§ ASSIGNED TASK: Go through the data and copy each line where the word "Filete" shows up.

Stored entries
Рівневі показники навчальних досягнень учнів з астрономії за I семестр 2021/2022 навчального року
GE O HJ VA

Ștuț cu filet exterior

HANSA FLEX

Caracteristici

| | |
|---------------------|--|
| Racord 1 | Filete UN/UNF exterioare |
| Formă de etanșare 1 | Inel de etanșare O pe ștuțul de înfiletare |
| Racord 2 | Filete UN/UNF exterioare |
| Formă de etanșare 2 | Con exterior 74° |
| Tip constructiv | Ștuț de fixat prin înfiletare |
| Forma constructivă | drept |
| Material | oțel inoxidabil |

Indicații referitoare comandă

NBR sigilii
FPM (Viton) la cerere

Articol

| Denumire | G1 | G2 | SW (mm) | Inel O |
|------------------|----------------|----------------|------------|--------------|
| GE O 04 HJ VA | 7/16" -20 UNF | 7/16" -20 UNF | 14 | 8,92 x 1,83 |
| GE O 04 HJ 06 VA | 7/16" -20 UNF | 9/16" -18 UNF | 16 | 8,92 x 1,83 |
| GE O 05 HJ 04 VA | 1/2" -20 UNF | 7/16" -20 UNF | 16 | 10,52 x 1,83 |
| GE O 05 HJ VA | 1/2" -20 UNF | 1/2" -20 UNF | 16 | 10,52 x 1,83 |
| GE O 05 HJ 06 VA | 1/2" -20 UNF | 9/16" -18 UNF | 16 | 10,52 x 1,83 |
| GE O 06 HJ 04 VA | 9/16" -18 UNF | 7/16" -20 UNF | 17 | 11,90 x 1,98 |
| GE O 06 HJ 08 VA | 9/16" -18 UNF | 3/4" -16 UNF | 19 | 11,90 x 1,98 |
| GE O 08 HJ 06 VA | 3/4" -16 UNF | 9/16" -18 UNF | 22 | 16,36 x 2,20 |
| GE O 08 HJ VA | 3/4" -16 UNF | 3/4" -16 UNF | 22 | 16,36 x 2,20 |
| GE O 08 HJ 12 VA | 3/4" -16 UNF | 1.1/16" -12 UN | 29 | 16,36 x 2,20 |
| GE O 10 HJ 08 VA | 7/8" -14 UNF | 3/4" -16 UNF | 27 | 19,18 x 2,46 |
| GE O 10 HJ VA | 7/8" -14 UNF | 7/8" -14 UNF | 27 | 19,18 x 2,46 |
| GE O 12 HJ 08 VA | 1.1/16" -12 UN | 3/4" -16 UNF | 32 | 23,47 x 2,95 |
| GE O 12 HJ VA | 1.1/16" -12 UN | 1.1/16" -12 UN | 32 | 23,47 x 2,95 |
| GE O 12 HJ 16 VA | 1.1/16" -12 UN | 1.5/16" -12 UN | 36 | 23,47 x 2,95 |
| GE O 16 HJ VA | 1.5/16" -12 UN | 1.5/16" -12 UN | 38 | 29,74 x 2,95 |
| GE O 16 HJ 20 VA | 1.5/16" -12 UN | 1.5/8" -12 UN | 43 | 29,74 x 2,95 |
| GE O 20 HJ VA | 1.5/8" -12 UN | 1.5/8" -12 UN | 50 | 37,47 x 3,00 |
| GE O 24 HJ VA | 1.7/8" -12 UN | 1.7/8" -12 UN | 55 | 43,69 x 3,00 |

§ RESPONSE BELOW:
| Racord 1 | Filete UN/UNF exterioare |
| Racord 2 | Filete UN/UNF exterioare |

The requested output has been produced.